Defense of human rights must extend to the science lab, argues Detroit archbishop

Archbishop Allen Vigneron
Archbishop Allen Vigneron


Following the University of Michigan's announcement of a new embryonic stem cell line, Archbishop Allen Vigneron spoke out against the dangers of putting “human hands on the switch of life and death,” arguing that the protection of life “must extend to the laboratory.”

In an Oct. 3 editorial for the Detroit Free Press, Archbishop Vigneron began by stating that he “started out as an embryo.”

“So did you and everyone else who shares this planet with us,” he noted. “And there is great significance to this irrefutable fact beyond the shared experience.”

“Each human embryo is unique – it does not have the same DNA of the mother or father. That cell not only becomes us, it is us.”

The prelate continued by saying that this “reality is critical context as the World Stem Cell Summit meets in Detroit,” adding that progress “in research on umbilical cord blood cells and adult stem cells is to be saluted and supported.”

“Patients and advocates alike can look to the growing number of cures and treatments discovered through research that does not destroy the living human embryo,” he underscored. “Conversely, experiments on human embryonic stem cells deserve our scrutiny and scorn. If not us, who will speak for our fellow citizens-to-be?”

“We are blessed to live in a country with some of the most extraordinary founding documents in history,” the archbishop added. “If, indeed, we believe we were 'created equal,' doesn't that belief extend to the indefensible living embryo in a petri dish?”
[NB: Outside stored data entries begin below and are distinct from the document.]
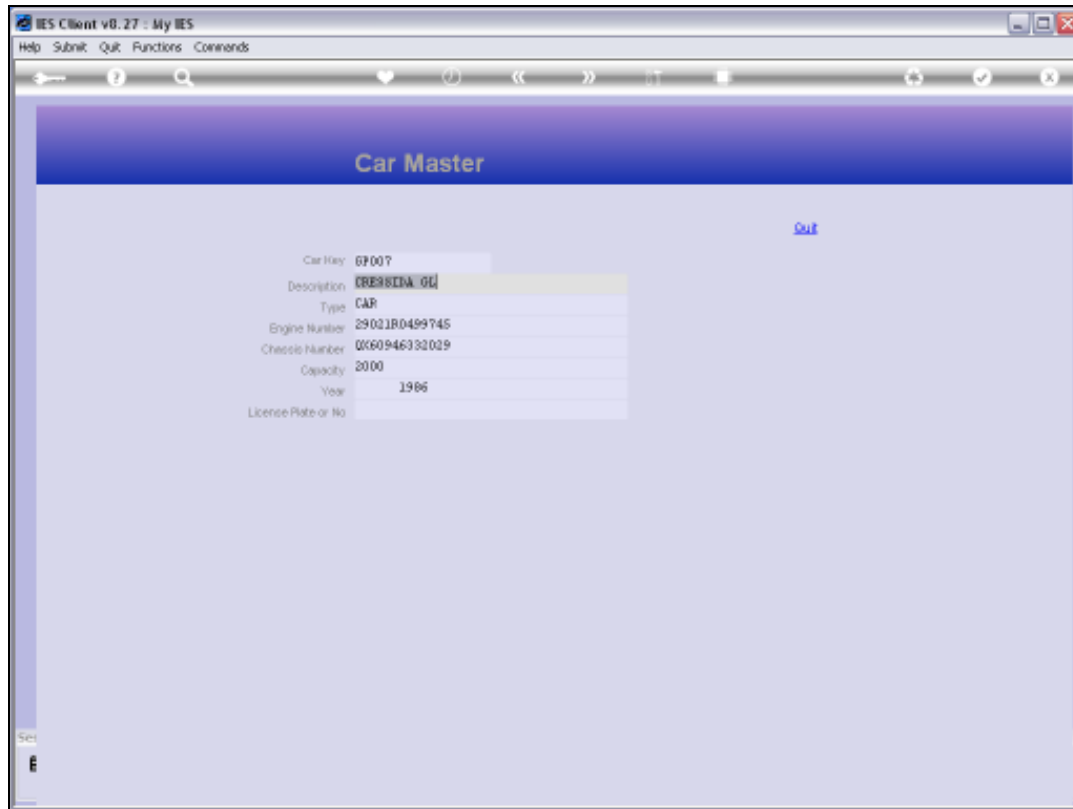

Slide 1

Slide notes: From the Master Enquiries Menu, we have an option to enquire on the CARS register.

Slide 2  
Slide notes:

Slide 3  
Slide notes:

Slide 4  
Slide notes:

Slide 5

Slide notes:

Slide 6  
Slide notes:

### Slide 8

Slide notes: With access to this enquiry option, we can query the detail of any vehicle on the Car Master.

Slide 9  
Slide notes:

Slide 10  
Slide notes: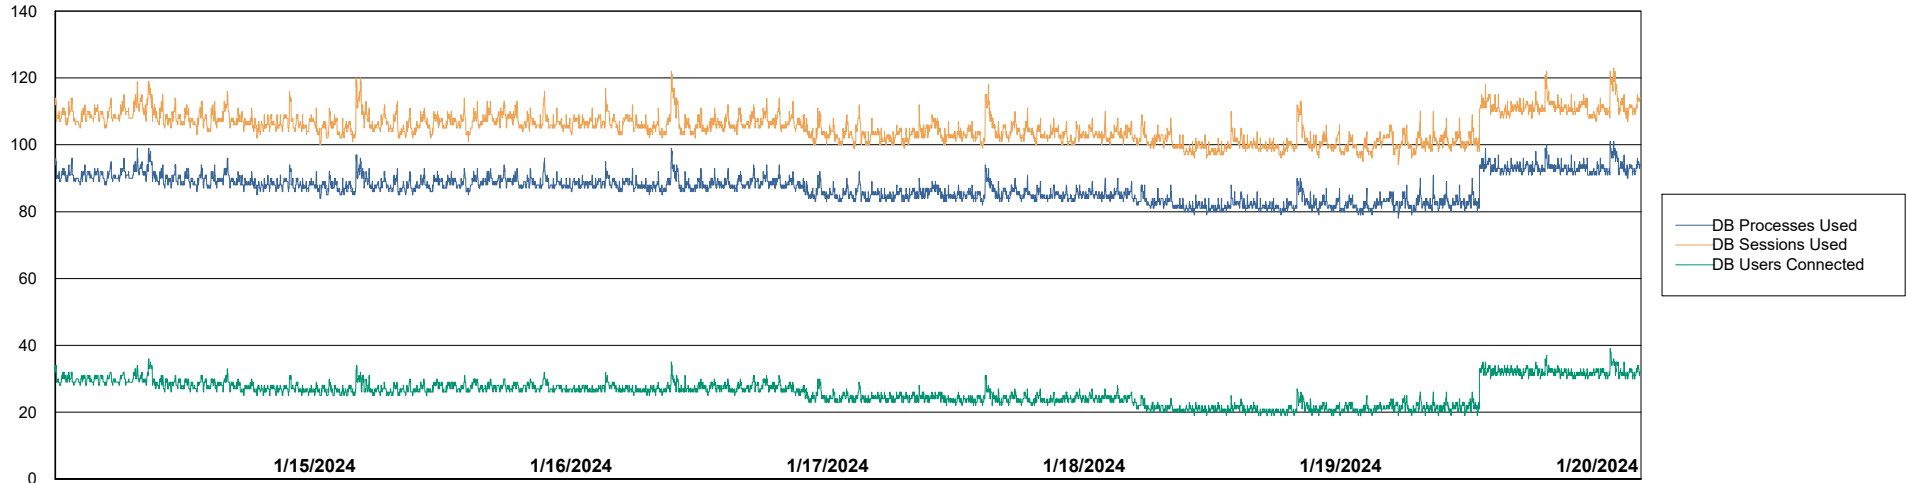

Database Performance KBR_PRD_BI-DBSRV_ABS1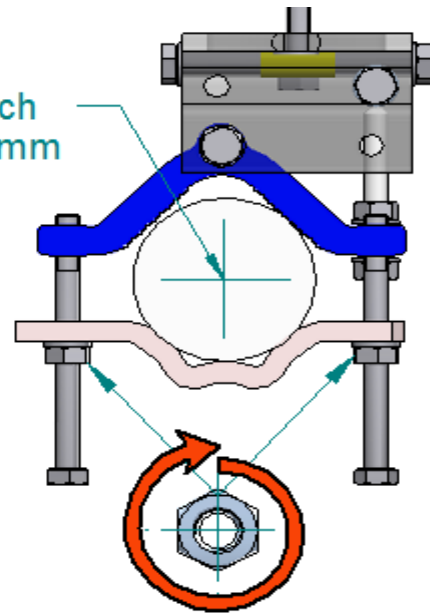

## Precise holder JDMW - 900 AR

---

Antenna holder JDMW-900 AR is for robust antennas with demand for comfortable manipulation, high stability, precise elevation and azimuth adjustments. It is possible to change holder for left sided assembly, too.

---

<b>Holder weight:</b>	<b>3.3 kg</b>
<b>Weight of package with holder:</b>	<b>3.5 kg</b>
<b>Package dimensions:</b>	<b>0.325 x 0.18 x 0.165 m</b>

www.jirous.com

## Precise holder JDMW - 900 AR

Mast 2.7 - 4.7 inch  
Stožár 70 - 120 mm

**Tighten with tool**  
**Utáhnout nástrojem**  
**1x 360°**

Mast 1.65 - 3 inch  
Stožár 42 - 75 mm

**Tighten with tool**  
**Utáhnout nástrojem**  
**1x 360° + 180°**

“'Unalienable rights' means they can't be taken away by the state.”

“Embryonic stem cell researchers will attest that it is imperative to preserve an embryo because it is a living cell,” he wrote. “It is after the living embryo is preserved with its human DNA signature that it is dissected, cloned, destroyed or discarded. True democracy is built on life, not death.”

Archbishop Vigneron then warned that ours “is not the first country or culture to selectively pursue a moral calculus that justifies taking a life to enable scientific experiments. We know from sad experience that dangers follow when we put human hands on the switch of life and death.”

“Embryos are the genesis of human life, and it is morally unacceptable to intentionally destroy them, even if the scientist is trying to cure a debilitating disease or parents are responding to a difficult challenge in their family life,” he stated in his concluding remarks. “The country we live in defends human rights at home and abroad. That defense must extend to the laboratory.”